The singer, who was born Declan Patrick MacManus in Paddington, London, castigated British music fans for their lack of imagination and for refusing to listen to records produced by older musicians.

"A lot of good new bands still come out of England but I just don't feel part of it. British music fans don't have the same attitude to age as they do in America, where young people come to check out, say Willie Nelson. They feel some connection with him and find a role for that music in their lives", he said.

Costello did play at Liverpool's Picket Club in July alongside Allen Toussaint, the American songwriter, but said his treatment at the hands of the media in "what used to be my country" proved the final straw. "The BBC asked Allen and me to do an interview and they kept us waiting in reception for ages and then said they didn't want Allen on the show, they only wanted me", said Costello. "So I said, 'OK, I won't do it!'. Then they relented. This guy is a guest in what used to be my country."

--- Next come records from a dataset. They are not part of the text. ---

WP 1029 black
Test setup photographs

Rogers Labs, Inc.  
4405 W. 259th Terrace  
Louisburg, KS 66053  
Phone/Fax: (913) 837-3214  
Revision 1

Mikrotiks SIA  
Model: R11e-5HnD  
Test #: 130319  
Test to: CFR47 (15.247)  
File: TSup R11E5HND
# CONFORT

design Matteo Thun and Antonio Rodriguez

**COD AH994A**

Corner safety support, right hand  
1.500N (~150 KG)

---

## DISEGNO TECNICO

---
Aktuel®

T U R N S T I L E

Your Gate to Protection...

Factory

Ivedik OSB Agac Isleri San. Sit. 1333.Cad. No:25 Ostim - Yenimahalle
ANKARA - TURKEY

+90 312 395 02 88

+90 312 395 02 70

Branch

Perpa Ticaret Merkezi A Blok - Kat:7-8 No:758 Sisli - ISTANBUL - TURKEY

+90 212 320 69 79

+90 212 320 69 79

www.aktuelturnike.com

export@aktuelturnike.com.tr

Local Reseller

It marks an angry final chapter in a decades-long affair between Costello and the British music scene. The singer, who took his stage name by merging that of his musical hero with his mother's maiden name, fired the minds of millions of disenchanted students with incendiary and political lyrics from the late Seventies onwards. His song "Tramp the Dirt Down" looked forward to the death of Baroness Thatcher.

Born into a middle-class and musical family – his mother worked at Selfridges and his father was a singer and jazz trumpet player – the young Costello moved from West London to Merseyside and worked for a time as a computer technician. Inspired by his father, he took to singing folk songs and toured pubs. It was only after he adopted his stage name in 1977 that he got his first record deal, signing to Stiff Records.

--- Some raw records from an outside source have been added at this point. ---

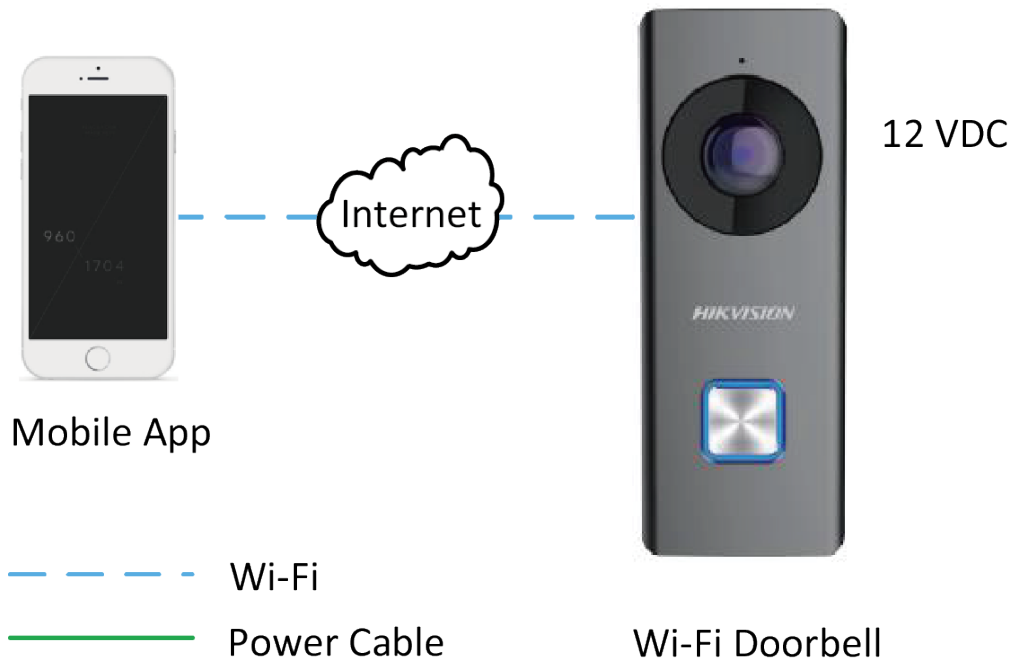

Typical Application

Available Model

DS-KB6403-WIP
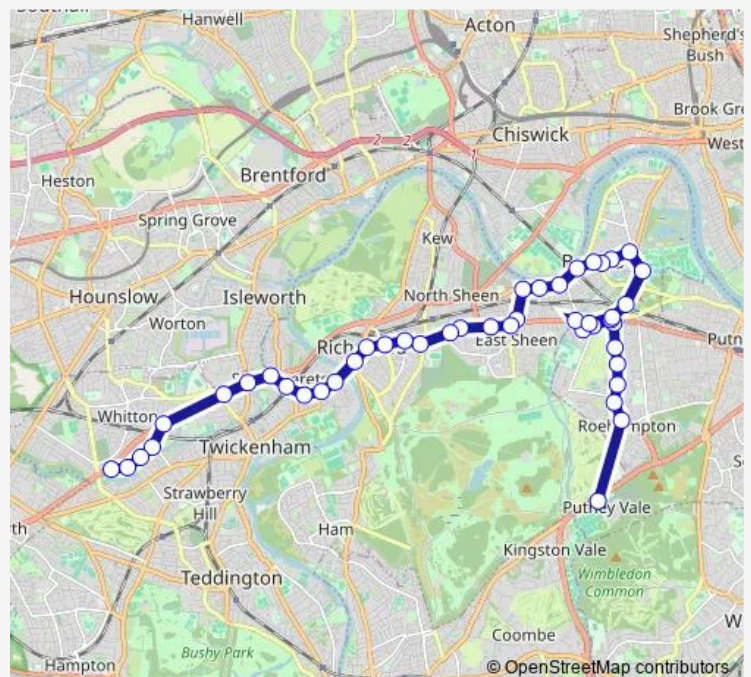

### Direction

Roehampton Vale Asda — Selkirk Road

45 stops

[Open route schedule](#)

Roehampton Vale Asda

Roehampton Lane / Danebury Ave

Clarence Lane

Queen Mary's Hospital

### Route schedule

Roehampton Vale Asda — Selkirk Road

Monday —

Tuesday 13:15

Wednesday —

Thursday —

Friday 13:15

Saturday —

### Route info

Direction: Roehampton Vale Asda

Stops: 45

Trip Duration: 0 hour 59 min

969 — Whitton - Barnes - Roehampton Vale

Avondale Road Mortlake

Sheen Lane / Mortlake Station

Mortlake Station

## Route info

Direction: Gladstone Avenue Whitton

Stops: 50

Trip Duration: 1 hour 2 min

White Hart Lane (Sw14)

Barnes Bridge

Barnes High Street

Barnes Pond
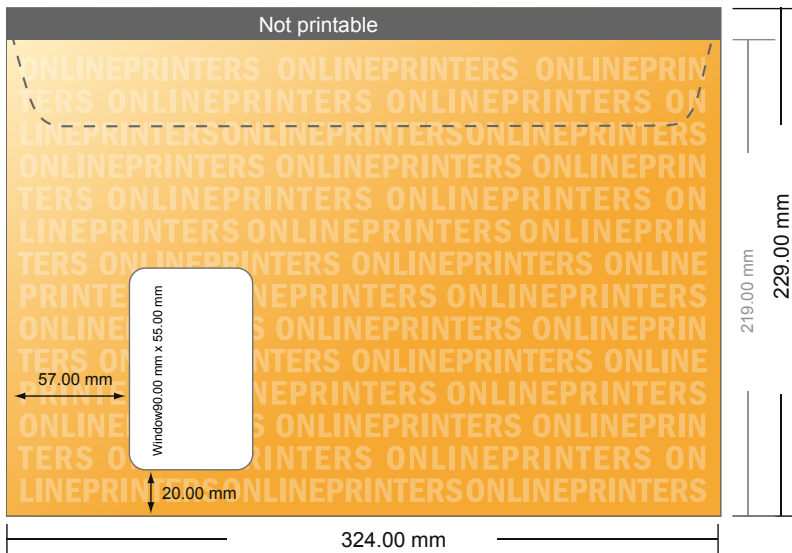

Envelopes

DIN-C4 • with window left

- Data format:
32.40 x 21.90 cm
- Trimmed size:
32.40 x 22.90 cm
- Printable area:
32.40 x 21.90 cm
- **Safety margin**
Maintaining 4 mm space between the text/information and the edge of the trimmed format prevents undesirable cuts.

Please note:

- Allow for trim allowance and safety margin according to instructions.
- Arrange background graphics, images or graphics up to the edge of the data format.
- Tolerances may occur during production due to cutting, punching and folding processes.
- This sketch is not drawn to scale.
- Printing data: Instructions and templates can be found under the menu item "Printing data" at www.onlineprinters.com.

Envelopes

DIN-C4 • with window left

- **Data format:**
32.40 x 21.90 cm
- **Trimmed size:**
32.40 x 22.90 cm
- **Printable area:**
32.40 x 21.90 cm
- **Safety margin**
Maintaining 4 mm space between the text/information and the edge of the trimmed format prevents undesirable cuts.
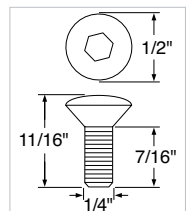

Window Crank Screw

- Chrome window crank screw, threaded stem = 7/16" long, 0.9G thread
- Fits most trucks, may not fit cranks with slot adapter

Item #	Thread	Stem	Package	Pack
24011	0.9 G	7/16"	Carded	1 Pc./Card
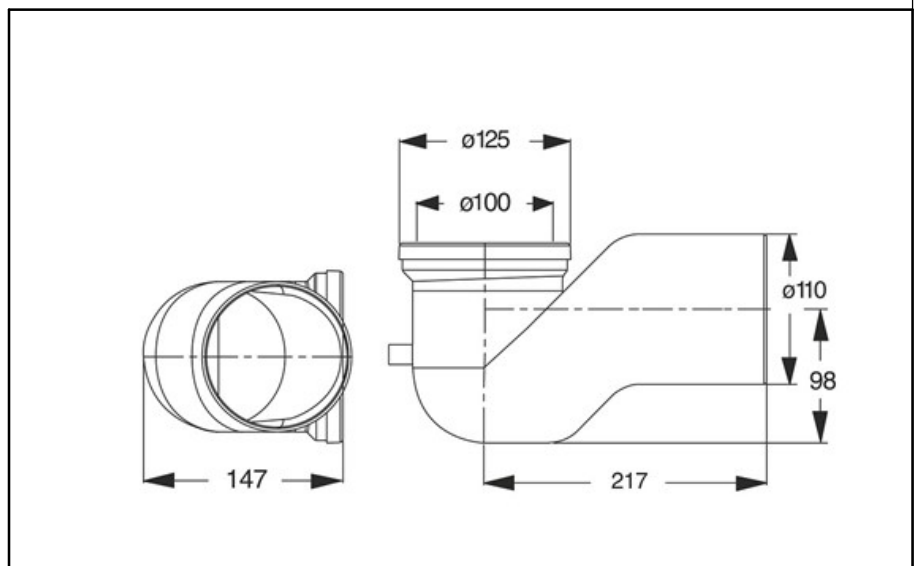

ITEM

8439PP11C0

CIGNO SCARICO Ø 110 MM

Product Type

Logistic Info

Pcs per Carton: 20
Qty per Pallet: 20
Unit weight: 0,29000
Flow rate Lt/m.:

ORIGINE: MADE IN ITALY
Cod.EAN13: 8030575030968
Tarif Code :39229000

Tecnichal Details

Model: CIGNO
Product: WC bent connections
Spec 1: swan neck elbow for WC
Spec 2: Inlet \varnothing 80-110 mm Outlet \varnothing 110 mm
Material 1: PP
Material 2: TPE
Color 1: WHITE
Color 2: YELLOW

Costello married his third wife, the jazz pianist and singer Diana Krall, in 2003. His reputation in his adopted homeland received a huge boost last month with news that he was headlining at Hillary Clinton's 60th birthday party to help make it "younger, hipper, more fun". Revelations of the Clintons' love of Costello had even led to speculation that they named their only daughter, Chelsea, after Costello's hit.

His musical pedigree has never been in much doubt. Flitting effortlessly between different genres, he has been credited with creating the Eighties sound broadly described as New Wave, fusing punk influences with electronic, ska and funk sounds.

He has not been permanently based in the UK since around 1982, spending most of his time on the east coast of America.

He had to salvage his reputation in the US at the end of the Seventies after details of a drunken argument in a Holiday Inn in Ohio were leaked. Having apparently described the soul legend James Brown as "a jive-ass nigger", he summoned the New York media to a press conference to apologise, but for a short time his album sales in America were significantly hit.

He has been married three times, first to Mary Burgoyne in 1974, with whom he had a son, and then in 1986 to Cait O'Riordan, the bassist for The Pogues. The couple split at the end of 2002, and by May 2003 he was engaged to Krall. The birth last year of twin sons led to an uncharacteristically jovial declaration: "I'm definitely, unashamedly happy".

Other expats with attitude

Billy Connolly

Moved to Los Angeles with his wife Pamela in 1992. He briefly moved back to Aberdeenshire in 2005, but within a year decided to move to New York. The shaggy-haired comedian has relentlessly poured scorn on his native Scotland. Connolly, 64, offended fellow Glaswegians by announcing: "The great thing about Glasgow is that if there's a nuclear attack it'll look exactly the same afterwards".

Tina Brown

Moved to the US in May 1983 as an editorial adviser to Vanity Fair, and chose to stay after being offered the job of editor-in-chief in January 1984.

Brown, 53, says England in the Seventies was a deeply dispiriting place. "I was profoundly tired of being in an era where everything was going to hell in a handcart."

Sarah Ferguson, Duchess of York

Moved to US in 1996 to escape hounding by the British press. "I love the fact that Americans embrace me", she said. "They have given me my life back".